Calculating spike-in normalization factors

Description

Use getSpikeInNFs to obtain the spike-in normalization factors, or spikeInNormGRanges to return the input GRanges objects with their readcounts spike-in normalized.

Usage

getSpikeInNFs(
  dataset.gr,
  si_pattern = NULL,
  si_names = NULL,
  method = c("SRPMC", "SNR", "RPM"),
  batch_norm = TRUE,
  ctrl_pattern = NULL,
  ctrl_names = NULL,
  field = "score",
  sample_names = NULL,
  expand_ranges = FALSE,
  ncores = getOption("mc.cores", 2L)
)

spikeInNormGRanges(
  dataset.gr,
  si_pattern = NULL,
  si_names = NULL,
  method = c("SRPMC", "SNR", "RPM"),
  batch_norm = TRUE,
  ctrl_pattern = NULL,
  ctrl_names = NULL,
  field = "score",
  sample_names = NULL,
  expand_ranges = FALSE,
  ncores = getOption("mc.cores", 2L)
)

Arguments

`dataset.gr`	A GRanges object, or (more typically) a list of GRanges objects.
`si_pattern`	A regular expression that matches spike-in chromosomes. Can be used in addition to, or as an alternative to `si_names`.
`si_names`	A character vector giving the names of the spike-in chromosomes. Can be used in addition to, or as an alternative to `si_pattern`.
`method`	One of the shown methods, which generate normalization factors for converting raw readcounts into "Spike-in normalized Reads Per Million mapped in Control" (the default), "Spike-in Normalized Read counts", or "Reads Per Million mapped". See descriptions below.
`batch_norm`	A logical indicating if batch normalization should be used (`TRUE` by default). See descriptions below. If batch normalization is used, sample names must end with "rep#", wherein "#" is one or more characters (usually a number) giving the replicate. If this is not the case, users can use the `sample_names` argument to make the names conform.
`ctrl_pattern`	A regular expression that matches negative control sample names.
`ctrl_names`	A character vector giving the names of the negative control samples. Can be used as an alternative to `ctrl_pattern`.
`field`	The metadata field in `dataset.gr` that contains raw readcounts. If each range is an individual read, set `field = NULL`.
`sample_names`	An optional character vector that can be used to rename the samples in `dataset.gr`. Intended use is if `dataset.gr` is an unnamed list, or if `batch_norm = TRUE` but the sample names don't conform to the required naming scheme.
`expand_ranges`	Logical indicating if ranges in `dataset.gr` should be treated as descriptions of single molecules (`FALSE`), or if ranges should be treated as representing multiple adjacent positions with the same signal (`TRUE`). See `getCountsByRegions`.
`ncores`	The number of cores to use for computations.

Value

A numeric vector of normalization factors for each sample in dataset.gr. Normalization factors are to be applied by multiplication.
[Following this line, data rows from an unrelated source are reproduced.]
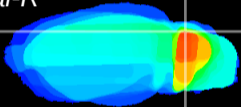

Coronal

Sagittal-R

Sagittal-L

ViBrism: CX25287
Horizontal

Cb lobe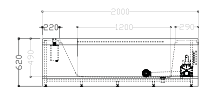

Remark:
• This means a feature requires an optional accessory.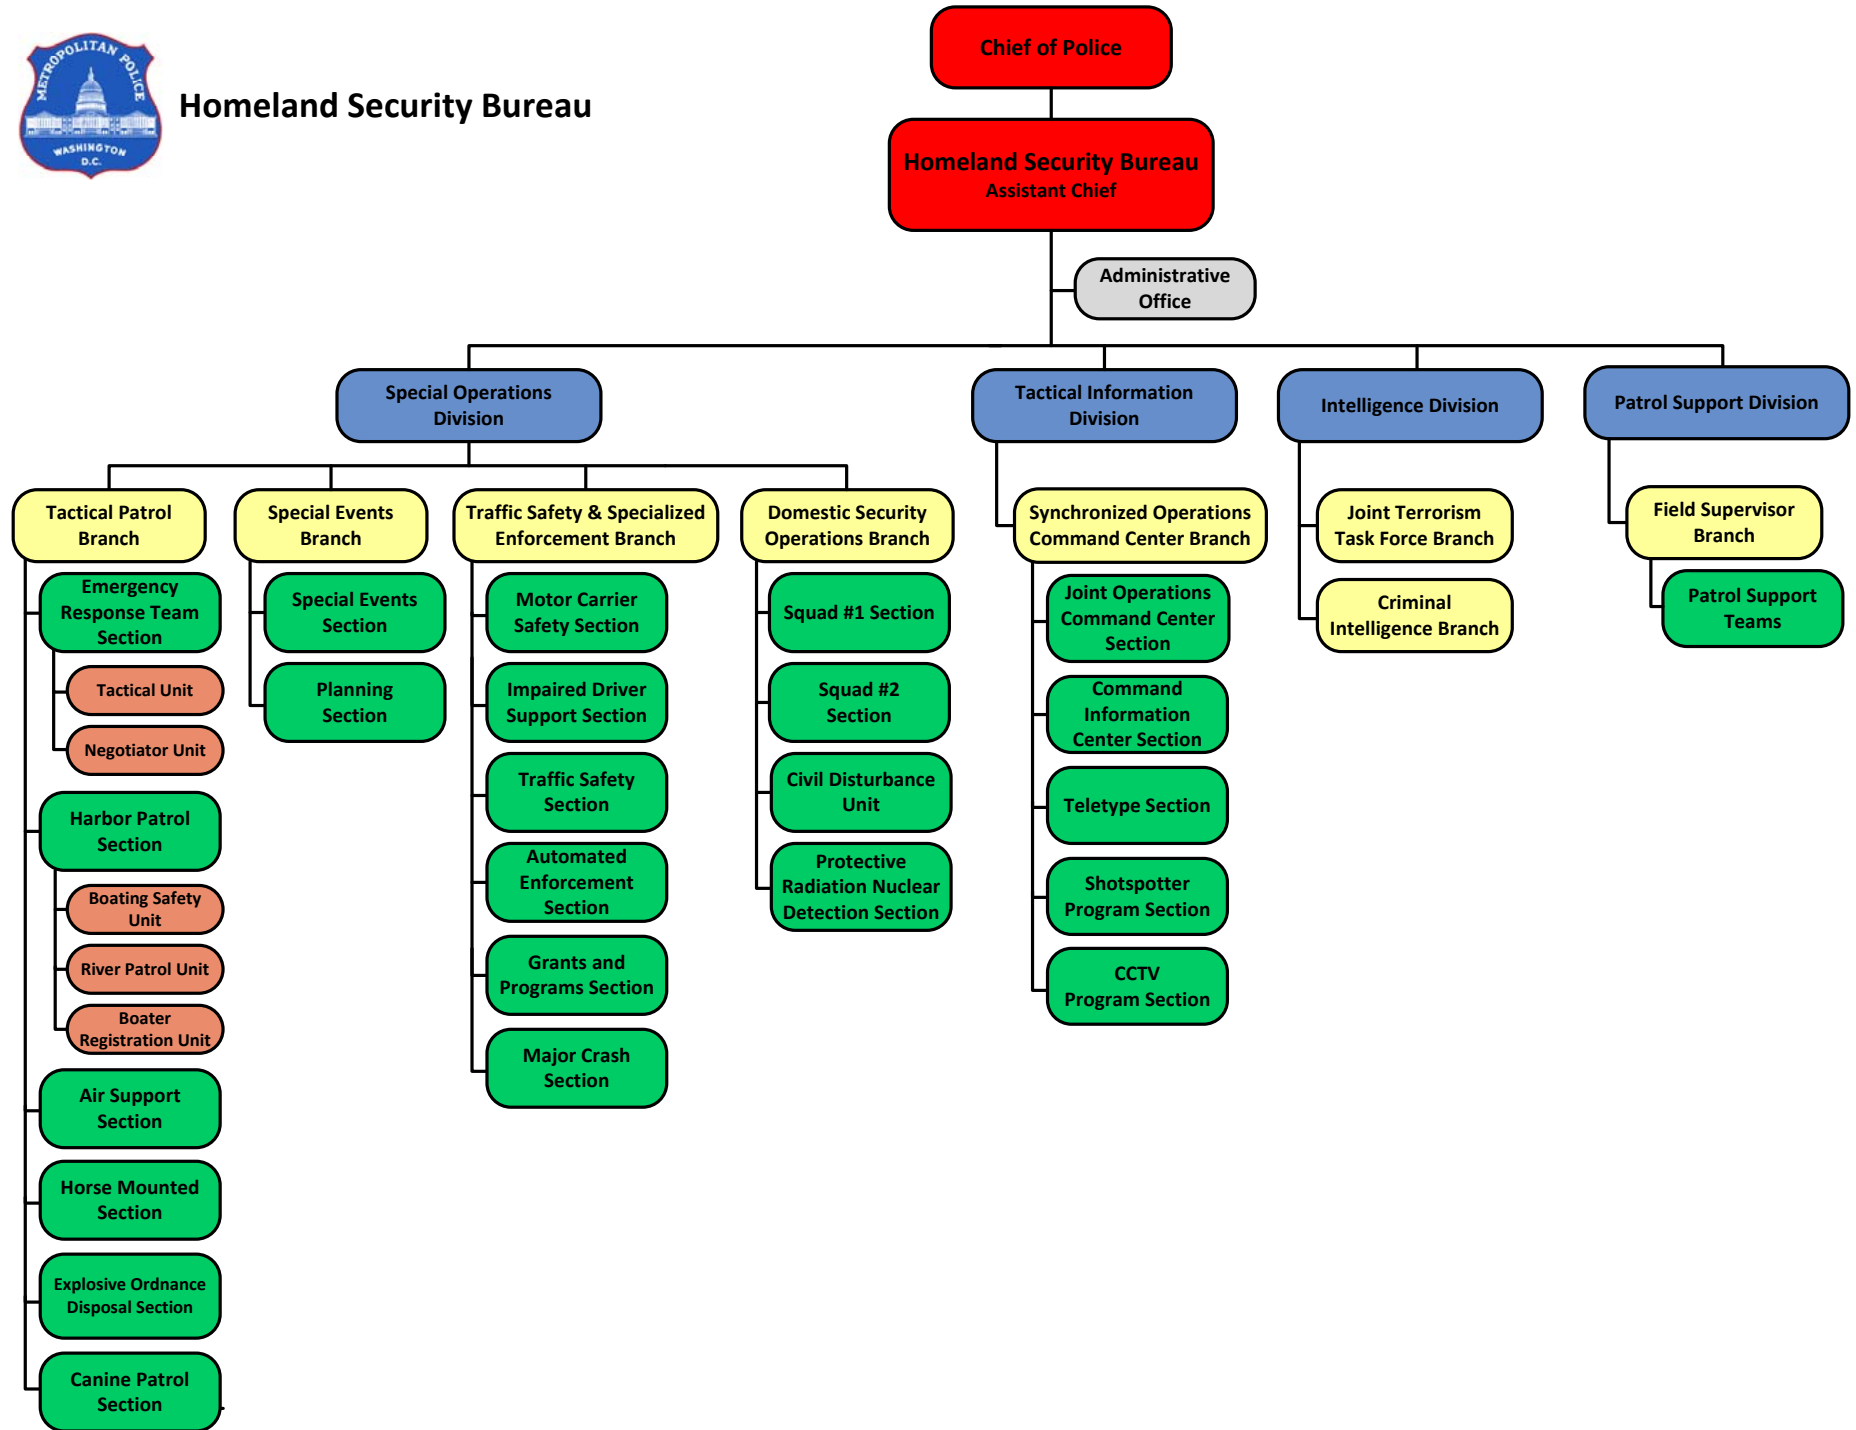

Metropolitan Police Department
Washington, DC

Organizational Chart

February 2016

Executive Office of the Chief of Police

Patrol Services Bureau

Homeland Security Bureau

Corporate Support Bureau

Strategic Services Bureau

Investigative Services Bureau

Internal Affairs Bureau

Spike-in normalized Reads Per Million mapped in Control (SRPMC)

This is the default spike-in normalization method, as its meaning is the most portable and generalizable. Experimental Reads Per Spike-in read (RPS) are calculated for each sample, i:

RPS_i=\frac{experimental\_reads_i}{ spikein\_reads_i}

RPS for each sample is divided by RPS for the negative control, which measures the change in total material vs. the negative control. This global adjustment is applied to standard RPM normalization for each sample:

NF_i=\frac{RPS_i}{RPS_{control}} \cdot \frac{1 x 10^6}{experimental\_reads_i}

Thus, the negative control(s) are simply RPM-normalized, while the other conditions are in equivalent, directly-comparable units ("Reads Per Million mapped reads in a negative control").

If batch_norm = TRUE (the default), all negative controls will be RPM-normalized, and the global changes in material for all other samples are calculated within each batch (vs. the negative control within the same batch).

If batch_norm = FALSE, all samples are compared to the average RPS of the negative controls. This method can only be justified if batch has less effect on RPS than other sources of variation.

Spike-in Normalized Reads (SNR)

If batch_norm = FALSE, these normalization factors act to scale down the readcounts in each sample to make the spike-in read counts match the sample with the lowest number of spike-in reads:

NF_i=\frac{min(spikein\_reads)}{spikein\_reads_i}

If batch_norm = TRUE, such normalization factors are calculated within each batch, but a final batch (replicate) adjustment is performed that results in the negative controls having the same normalized readcounts. In this way, the negative controls are used to adjust the normalized readcounts of their entire replicate. Just as when batch_norm = FALSE, one of the normalization factors will be 1, while the rest will be <1.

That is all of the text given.